● **EXERCISE GOAL**
Give the count of lines in the entries that include "metrisch", and write nothing besides it.

● ● ● ● ●

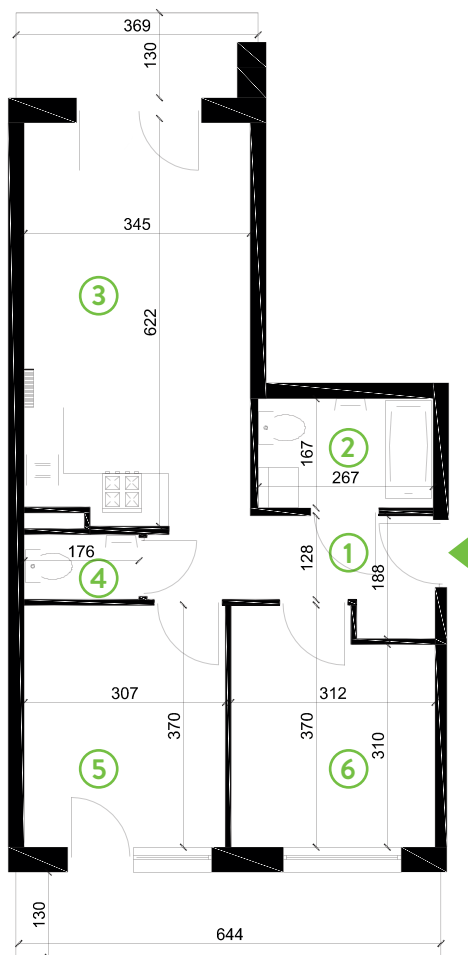

87-100 Toruń
ul. Kręta 107-107C

Zielone Horyzonty

MIESZKANIE

25/B2

KONDYGNACJA

2. PIĘTRO

Powierzchnia mieszkalna
Powierzchnia tarasów

55,38m²
13,49m²
(4,75m² + 8,74m²)

| | | |
|---|-----------------------------------|---------------------|
| ① | Hol | 6,26m ² |
| ② | Łazienka | 4,45m ² |
| ③ | Pokój dzienny z aneksem kuchennym | 20,84m ² |
| ④ | WC | 1,73m ² |
| ⑤ | Sypialnia | 11,36m ² |
| ⑥ | Sypialnia | 10,74m ² |
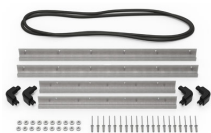

## ZUBEHÖR

**iM27XX-UTILITYORG**  
Universal-Einteiler

**iM2700-FOAM**  
5 St. Ersatz-Schaumstoffeinsätze

**iM2700-DIV**  
Einteilungssystem

**iM-STRAP-S-VER2**  
Padded Shoulder Strap

**iM-LIDSTAY**  
Deckelstütze

**iM2700-M4-BEZEL**  
Bodenlünette (metrisch)

**iM2700-M4-BEZEL-L**  
Deckel-Lünette (metrisch)

**1506TSA**  
TSA-Verschluss

**1500D**  
Trockenmittel Silikagel
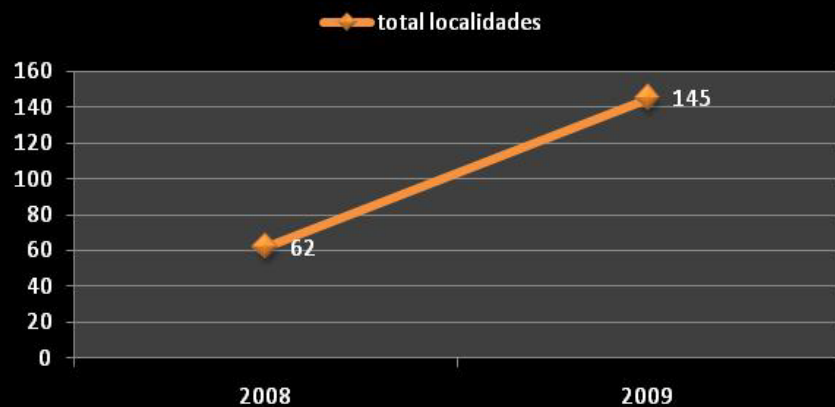

SUTEBA VA A LA ESCUELA comparación resultados 2008 | 2009

83 NUEVAS LOCALIDADES VISITADAS
197 ESCUELAS RECORRIDAS
4386 DOCENTES ATENDIDOS

total localidades

total escuelas

total docentes

TOTAL PORCENTAJE DE ESCUELAS POR ZONA

TOTAL PORCENTAJE DE ESCUELAS POR ZONA
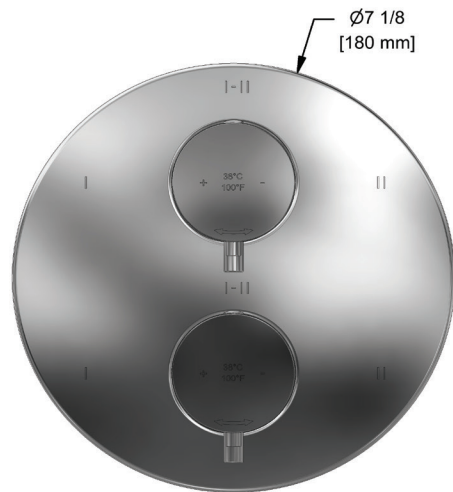

SPECIFICATIONS

DESCRIPTION

- Combines both thermostatic and pressure balance technologies
- 2 temperature and volume controls with diverters
- 4 dedicated functions and 2 shared functions
- R46 Rough-in valve sold separately

Riu™

3/4" Therm & Pressure Balance Trim With 6 Functions

MODEL: TRUTM46

cUPC®

For warranty or additional information, contact:

U.S.A.
houseofrohl.com/support
1-800-777-9762

QUEBEC / MARITIMES / WESTERN CANADA
QUÉBEC / MARITIMES / OUEST CANADIEN
QUEBEC / MARITIMOS / CANADA OCCIDENTAL
houseofrohl.ca/support
1-866-473-8442

ONTARIO
houseofrohl.ca/support
1-800-287-5354

SPÉCIFICATIONS

DESCRIPTION

- Combine à la fois les technologies thermostatiques et pression équilibrée
- 2 Contrôles de la température et du volume avec déviateur
- 4 fonctions dédiées et 2 fonctions partagées
- R46 Brut de valve vendu séparément

DESCRIPCIÓN

- Combina tecnologías termostáticas y de presión equilibrada
- 2 controles de temperatura y volumen con desviador.
- 4 funciones dedicadas y 2 funciones compartidas
- La válvula R46 Raw se vende por separado

● ● ● ● ●

● **TASK SOLUTION**
2